The Tennessean has the story
Hamilton magistrates to be selected this week
Hamilton County's four judicial commissioner slots must be filled by the end of the month when the contracts for current magisrates expire; the decision will be made Wednesday. Each of the members of two Hamilton County Commission panels on Friday named his top candidates. The only one of the 16 applicants to receive a vote from all six members of the Legal and Legislative and Security and Corrections committees was Yolanda Mitchell, a Chattanooga attorney and former assistant district attorney. Current Chief Judicial Commissioner Bob Meeks and Assistant District Attorney Larry Ables each received five votes. Judicial Commissioner James Anderson received four votes.
Read more in the Chattanooga Times Free Press
Miss. judge in trouble for giving litigants legal advice
The Mississippi Supreme Court has ordered a public reprimand for a judge who improperly encouraged a woman to file charges in his court against two men accused of trespassing and malicious mischief. On Thursday, the Supreme Court also suspended Monroe County Justice Court Judge Robert Earl Fowlkes without pay for one month.
The Commercial Appeal has more
Miller named chair of ABA committee
Memphis attorney Rebecca Miller of Crone & Mason PLC was recently appointed chair of the Child Support Committee for the Family Law Section of the American Bar Association. The ABA Family Law Section has more than 10,000 lawyer, associate and law student members across the country and worldwide.

Knox Term Limits
Editorial: Open meetings law is for public, not just media
Chattanooga Times Free Press Publisher and Executive Editor Tom Griscom summarizes the recent Knox County lawsuit between commissioners and the News-Sentinel in this editorial. He writes that the "Tennessee law as it relates to open meetings is not for the media; it is for the public, and it is for accountability in government." Citing Knox County elected officials' suggestion "that public notice advertisements that are printed in the Knoxville News-Sentinel should be stopped," he writes that "when the forces of government are even raised as a threat to stop public inquiry and public dialogue, it is time for the public to say, 'Enough.'"
Read the editorial in the News Free Press
Former attorney general Deatherage dies
H. Kenneth Deatherage, who served as attorney general for the 4th Judicial District from 1970 to 1982, died Thursday in Knoxville. He was 84. In lieu of flowers, the family requests that donations in his honor be made to the Operation Freedom Fund at the First Baptist Church, Kingston, or to The King's Academy, (865) 573-8321, 202 Smothers Road, Seymour, TN 37865.

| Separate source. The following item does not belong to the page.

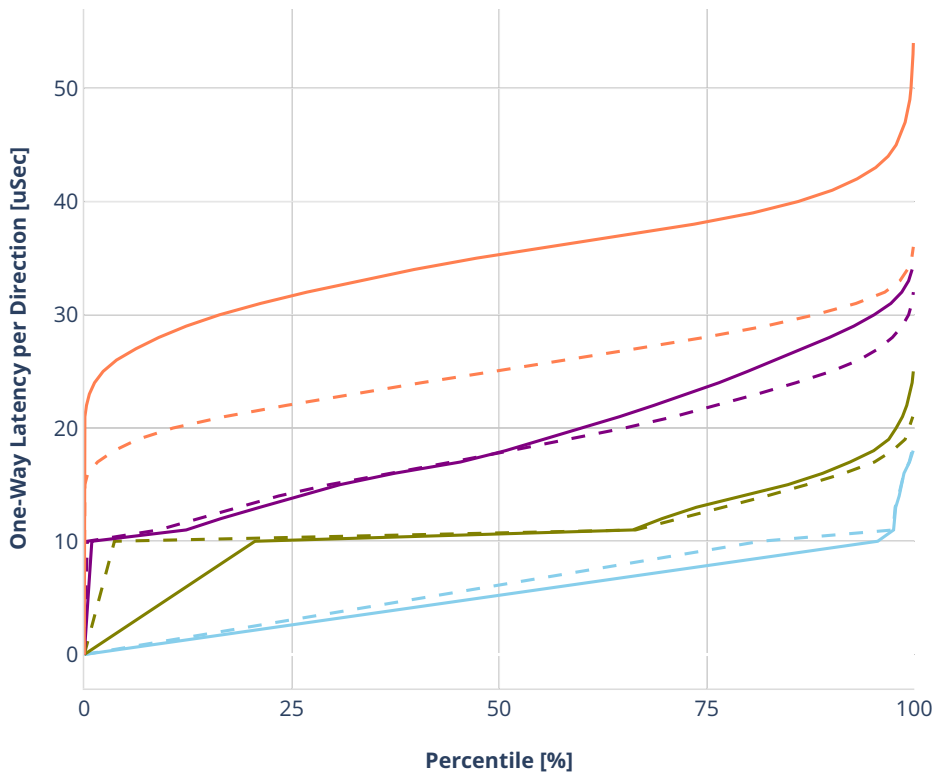

Latency: avf-dot1q-ip4base

- No-load.
- Low-load, 10% PDR.
- Mid-load, 50% PDR.
- High-load, 90% PDR.

Read more in the News Sentinel
Pet costume contest to benefit advocacy center
Law Women and the UT Animal Law Project will host a Pet Halloween Costume Contest Oct. 28 in Knoxville's Victor Ashe Park at 1:30 p.m. Entry fee is $5 for each pet. All proceeds will benefit the Victim's Advocacy Center and the local humane society. Register by Oct. 25 by emailing Sarah White (include your pet's name and your contact info). Prizes for first, second and third places will be awarded.